## WHAT YOU NEED TO DO
How many lines in the listing contain the word "Limită"? Reply with the number alone.
▬▬▬▬▬▬
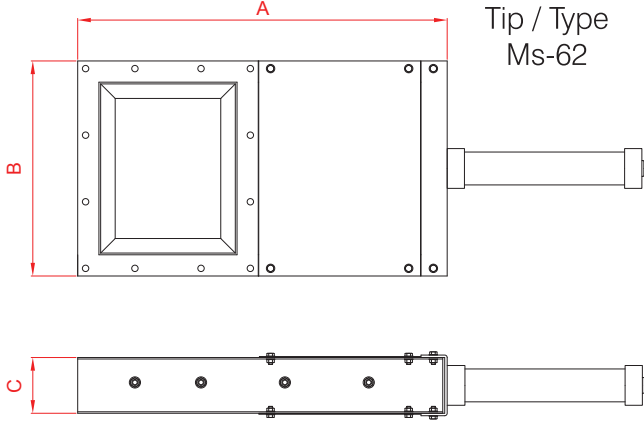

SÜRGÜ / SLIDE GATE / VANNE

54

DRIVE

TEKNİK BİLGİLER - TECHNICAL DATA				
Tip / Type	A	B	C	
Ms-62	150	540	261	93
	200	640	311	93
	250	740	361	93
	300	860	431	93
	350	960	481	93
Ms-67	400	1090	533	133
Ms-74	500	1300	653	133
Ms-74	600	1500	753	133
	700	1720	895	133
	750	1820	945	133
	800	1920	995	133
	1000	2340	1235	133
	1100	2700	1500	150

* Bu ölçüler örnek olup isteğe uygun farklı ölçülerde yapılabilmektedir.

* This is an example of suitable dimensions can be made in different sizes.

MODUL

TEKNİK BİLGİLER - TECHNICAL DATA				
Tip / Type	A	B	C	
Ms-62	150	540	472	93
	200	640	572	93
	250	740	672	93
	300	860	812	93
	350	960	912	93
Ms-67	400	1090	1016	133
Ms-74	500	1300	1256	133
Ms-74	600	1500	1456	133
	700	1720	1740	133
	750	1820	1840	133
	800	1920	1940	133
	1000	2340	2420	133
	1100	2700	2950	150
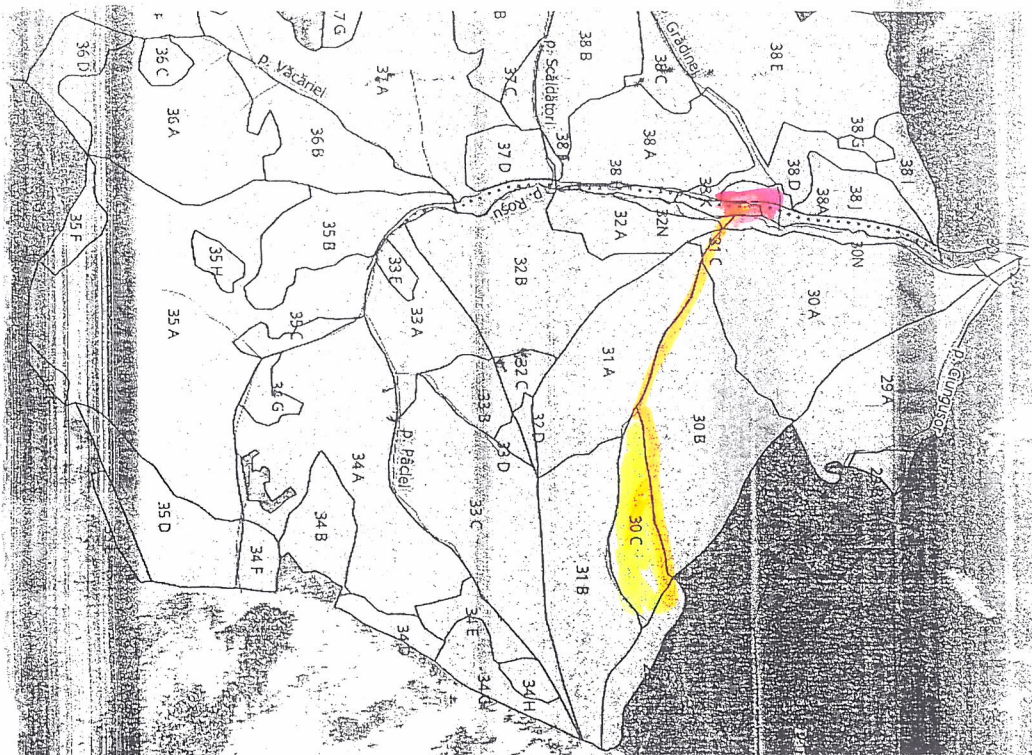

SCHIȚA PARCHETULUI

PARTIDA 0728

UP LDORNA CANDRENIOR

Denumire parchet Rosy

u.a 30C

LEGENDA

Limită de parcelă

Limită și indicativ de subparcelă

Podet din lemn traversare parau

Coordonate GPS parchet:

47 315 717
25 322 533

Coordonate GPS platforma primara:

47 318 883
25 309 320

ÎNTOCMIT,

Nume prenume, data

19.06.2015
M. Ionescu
▬▬▬▬▬▬
## EXERCISE ANSWER
2